## About this task
Pull every line that holds the word "MODÈLES" from the entries.
(Data excerpts)
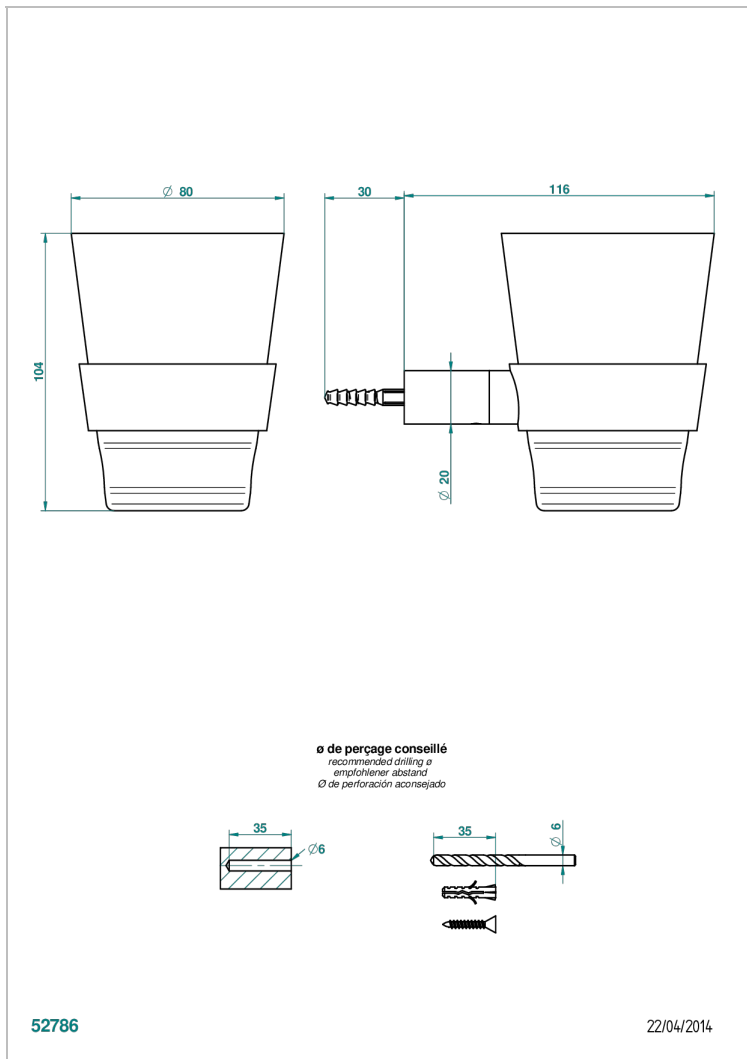

BEYOND CRYSTAL - CRISTAL ROJO

U6H-536C

THG[®]
PARIS

Portavaso mural con vaso de cristal baccarat

CARACTERÍSTICAS

- Beyond Crystal - cristal rojo
- Portavaso mural con vaso de cristal baccarat

ACABADOS DISPONIBLES
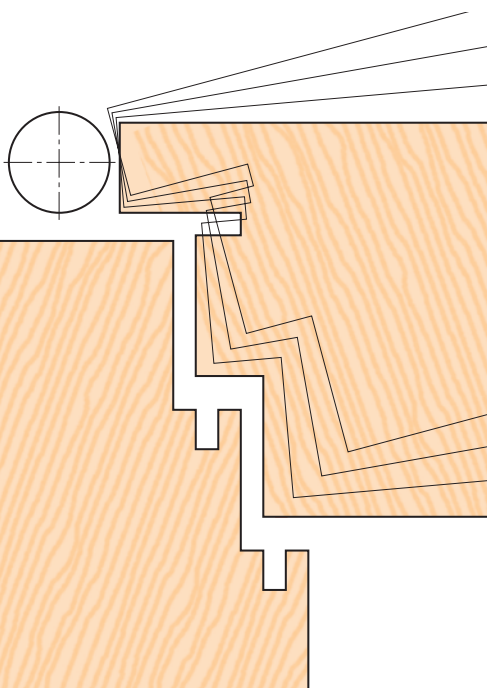

Symbol **S 6701**

Symbol **S 6612**
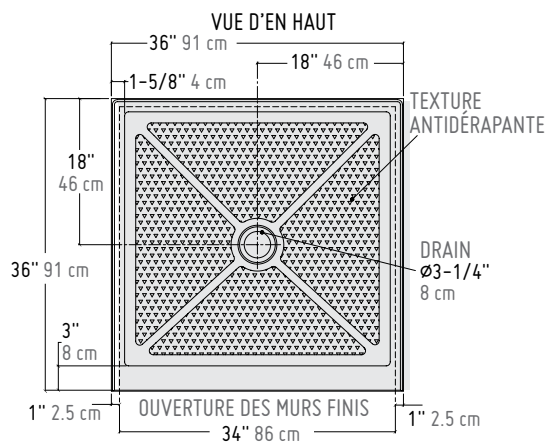

MODÈLES EN ALCÔVE — ABC36ST

BASE	PRIX	COULEUR	DIMENSION
ABC36ST-13K	$597	Biscuit	36" x 36" x 3 5/8"
ABC36ST-18K	$570	Blanc	36" x 36" x 3 5/8"

*Tolérance sur les dimensions ± 1/4" 6 mm

MODÈLES DE PORTES DE DOUCHE COMPATIBLES

PLATINUM

PAGE 23

Banyo

PAGE 41

Signature

PAGE 19
(End Data excerpts)
## Solution to this exercise
MODÈLES EN ALCÔVE — ABC36ST
MODÈLES DE PORTES DE DOUCHE COMPATIBLES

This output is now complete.